Should I choose an RTX 4090 or A100 for local LLM inference?

Question

Im stuck between getting a single RTX 4090 or trying to find a used A100 80GB for my local LLM setup and I cant decide if the extra VRAM is actually worth the massive price jump and the cooling issues. Right now Im mostly messing around with Llama 3 8B but I really want to run the bigger 70B models at high precision without it being painfully slow or offloading a bunch of layers to my system ram.

The 4090 is way easier to buy here in Chicago and I can just go pick it up today at Micro Center plus it fits in a normal PC case. But then I see people online showing off their 80GB VRAM rigs and it makes me feel like I might regret getting the 4090 in six months when models keep getting bigger. I got about $6500 saved up for this whole build so I could technically swing a used A100 from eBay but that thing is gonna be loud as hell in my tiny apartment office and I dont even know if my current PSU can handle it without some weird cooling mods.

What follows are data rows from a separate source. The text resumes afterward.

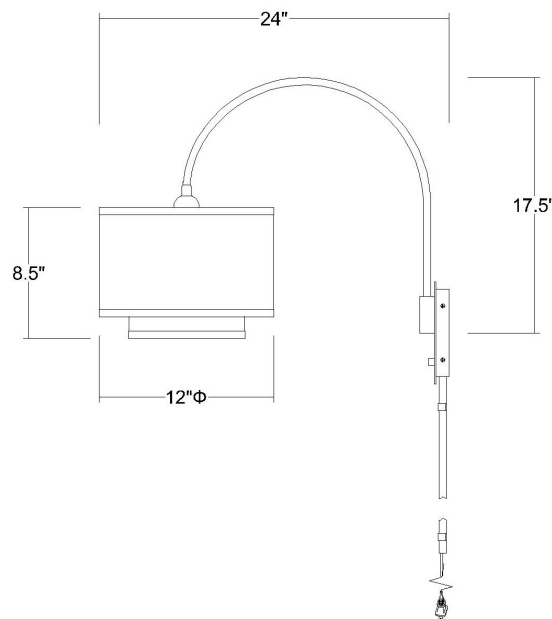

BW7155 BRELLA SWIVEL WALL LAMP

Front view

Side view

Description:	Brella swivel wall lamp
Finish:	Brushed nickel
Dimensions:	44" H x 12" W x 24" ext. Height on center: 17.5"
Bulbs:	1 x 75W
Sockets:	120V E26 base
Shade:	Sheer snow/shantung two tier
Installed Weight:	4.85 lbs.
Certification:	c UL

Material:	Fabric and steel
Glass:	NA
Back Plate Dimensions:	4.25" x 6"
Mounting Holes:	NA
Switch:	Metal rotate on/off
Cord:	Silver, 8' plug-in (24" cord wall cover included)
Dimmable:	Yes
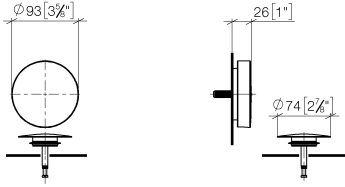

Pop-up waste and overflow - Brushed Chrome

IMO

36 243 970

- drain Ø 52mm
- Also suitable for king-size baths.**

Also suitable for king-size baths.

Fits: IMO, LULU, MADISON, MEM, TARA, CL.1, LISSÉ, VAIA, META, CYO

Required miscellaneous

- Pop-up waste and overflow -** 35 227 970 90
- bowden cable length 725 mm

36 243 970

mm [inches]

36 243 970

Spare parts list

No.	Item Number	Name	Quantity used	Delivery time
1	09 11 01 123-93	cover	1	20
2	90 20 97 061 00-93	handle	1	20
3	04 31 20 031 48-93	plug	1	60
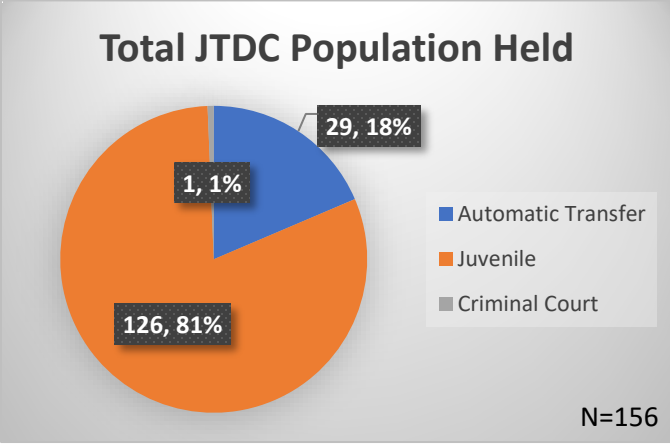

Daily Data Dashboard – April 14, 2026
Demographics for JTDC Population
Tuesday Morning Midnight Count
Shelter Care Midnight Count: 5

Data sources: cFive Supervisor – Court Involved Population and RMIS – JTDC Population
 This data reflects the most accurate information available at the time the datasets were generated. Please note that all reports and data provided are subject to a margin of error of 5% or less
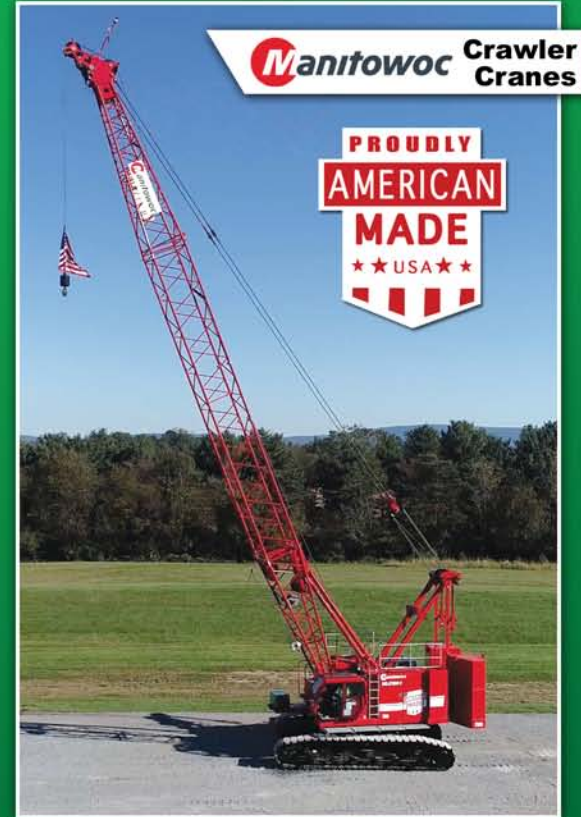

NATIONAL CRANE Boom Trucks

Stephenson Equipment, represents some of the best crane manufacturers in North America. With over sixty years of experience selling new and used cranes and construction equipment in Pennsylvania and New York, Stephenson has become a leader for lifting equipment sales, rentals, parts and service.

SEI STEPHENSON EQUIPMENT, INC.

Stephenson offers you the complete package of lifting solutions you need including crane sales, crane rentals, crane repairs, crane parts, flat rate OSHA inspections and NCCCO certified crane operator training.

STEPHENSON
MARCELLUS SHALE SITE EQUIPMENT
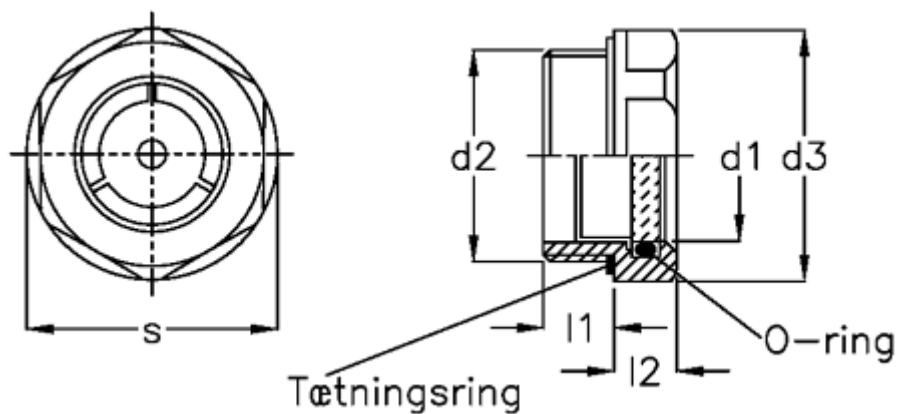

Data Sheet

Article number: 20900529

Description: E+G Oil level sight glass
GN 743-32-G1 1/4-A

Measures

d1	= 32
d2	= G1 1/4
d3	= 50
l1	= 12.0
l2	= 9.0
Max pressure	= -
Max vacuum mbar	= -
s	= 46
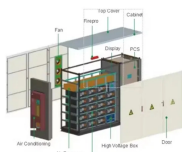

When it comes to 30 A Temporary Power Distribution Boxes & Carts, you can count on Grainger. Supplies and solutions for every industry, plus easy ordering, fast delivery and 24/7 customer support.

Is the speed difference for inference actually that big or is it just about fitting the model in memory? Like is a 4090 faster for smaller stuff but totally useless for the big stuff compared to a datacenter card? Kinda leaning toward the 4090 because its cheaper and easier but those 80 gigs are tempting for future proofing...

CinderCinnamon · Accepted Answer

Saw this while scrolling today and it brought back some bad memories. I actually tried the used enterprise card route last year because I wanted that massive VRAM for my projects. It was a total mess tbh. Datacenter cards like the NVIDIA A100 80GB PCIe arent built for a normal room. They need massive airflow since they dont have fans. I spent weeks messing with 3D printed shrouds and loud jet-engine fans, but it still felt like a fire hazard in my office. One night I smelled burning plastic and almost had a heart attack... thought I fried my whole rig. Honestly, the NVIDIA GeForce RTX 4090 24GB GDDR6X might have less memory, but it fits in a case and wont burn your house down. I eventually paired mine with an EVGA SuperNOVA 1000 G6 1000W 80 Plus Gold and its been rock solid. Sometimes safe and reliable beats risky and huge if you value your sanity.

IWillNotReadTerms · Answer

Spot on about noise! I ditched blowers for NVIDIA RTX A6000 48GB.48GB VRAM is amazingQuietest fan ever Way better than NVIDIA GeForce RTX 4090 24GB for large models!

MochaMonolith · Answer

honestly i tried the single card route and it was kinda disappointing for what you want. unfortunately the NVIDIA GeForce RTX 4090 24GB GDDR6X just isnt enough for Llama 3 70B without heavy quantization. youll end up frustrated with the speeds once you start offloading to your ram... trust me its slow. the NVIDIA A100 80GB PCIe Tensor Core GPU is a beast but for a tiny apartment? its a nightmare. i had issues with the heat and the scream of those blower fans in my last build. sadly its just not as good as expected for the price. heres what i would actually do with that budget:

buy two NVIDIA GeForce RTX 3090 24GB GDDR6X cards used.

pick up a beefy EVGA SuperNOVA 1600 G+ 1600W PSU.

stick them in a case with massive airflow. going dual card gives you 48GB VRAM which actually fits 70B models at decent precision. much better than being stuck with 24GB on a 4090. dont even bother with the A100 unless you have a dedicated server room honestly.